-------- MATERIAL PROVIDED
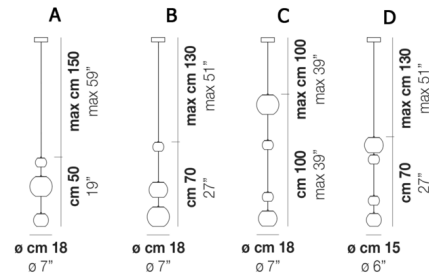

### Specifications

COLOR	Amber
BODY FINISH	Nickel
WATTAGE	60W
DIMMER	Standard 120V
DIMENSIONS	7.08"W x 19"H
BULB NOT INCLUDED	1 x JCD/G9/60W/120V Halogen
OTHER BULB OPTIONS	1 x JCD/G9/120V LED

CLICK TO VIEW PRODUCT
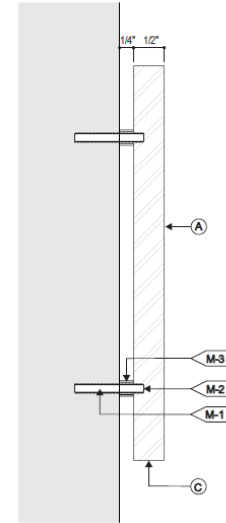

West Elm Sign A Details

A

NON-ILLUM PLATE LETTERS | FRONT VIEW
 Scale: 1" = 1'-0"
 QTY. REQ'D: ONE (1)
 7.57 SQ. FT.

- LETTER MATERIAL | 1/2" PLATE
- LETTER FACE COLOR | PAINT | SATIN WHITE
- LETTER RETURN COLOR | PAINT | SATIN WHITE
- SPACERS: 1/4" | PAINT | SATIN BLACK
- INSTALLATION | STUDS & ADHESIVE
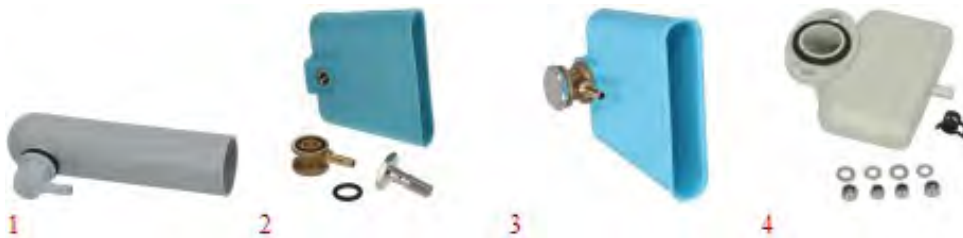

Foto	LF Art.Nr	Grösse (mm)	Anmerkungen	Passend für
1	3060041	46 x 130	---	SD907254
2	3060601	85 x 20 x 80	with two o-rings,screw and fitting	D984001

LUFTFALLEN HOBART

Foto	LF Art.Nr	Grösse (mm)	Anmerkungen	Passend für
1	3060606	ø 33 x 125	with o-ring,gasket and fitting	139321-550
2	3060125	80 x 17 x 65	with two o-rings,screw and fitting	324858
3	3060601	85 x 20 x 80	with two o-rings,screw and fitting	139321-47
4	5067986	85 x 22 x 77	with mounting kit	01-240372-1
----------------
DIRECTIONS FOR THIS TASK =>
From first line to last, return the records verbatim without their pictures.

EXERCISE ANSWER =>
### Specifications

COLOR	Amber
BODY FINISH	Nickel
WATTAGE	60W
DIMMER	Standard 120V
DIMENSIONS	7.08"W x 19"H
BULB NOT INCLUDED	1 x JCD/G9/60W/120V Halogen
OTHER BULB OPTIONS	1 x JCD/G9/120V LED

CLICK TO VIEW PRODUCT

West Elm Sign A Details

A

NON-ILLUM PLATE LETTERS | FRONT VIEW
 Scale: 1" = 1'-0"
 QTY. REQ'D: ONE (1)
 7.57 SQ. FT.

- LETTER MATERIAL | 1/2" PLATE
- LETTER FACE COLOR | PAINT | SATIN WHITE
- LETTER RETURN COLOR | PAINT | SATIN WHITE
- SPACERS: 1/4" | PAINT | SATIN BLACK
- INSTALLATION | STUDS & ADHESIVE

Foto	LF Art.Nr	Grösse (mm)	Anmerkungen	Passend für
1	3060041	46 x 130	---	SD907254
2	3060601	85 x 20 x 80	with two o-rings,screw and fitting	D984001

LUFTFALLEN HOBART

Foto	LF Art.Nr	Grösse (mm)	Anmerkungen	Passend für
1	3060606	ø 33 x 125	with o-ring,gasket and fitting	139321-550
2	3060125	80 x 17 x 65	with two o-rings,screw and fitting	324858
3	3060601	85 x 20 x 80	with two o-rings,screw and fitting	139321-47
4	5067986	85 x 22 x 77	with mounting kit	01-240372-1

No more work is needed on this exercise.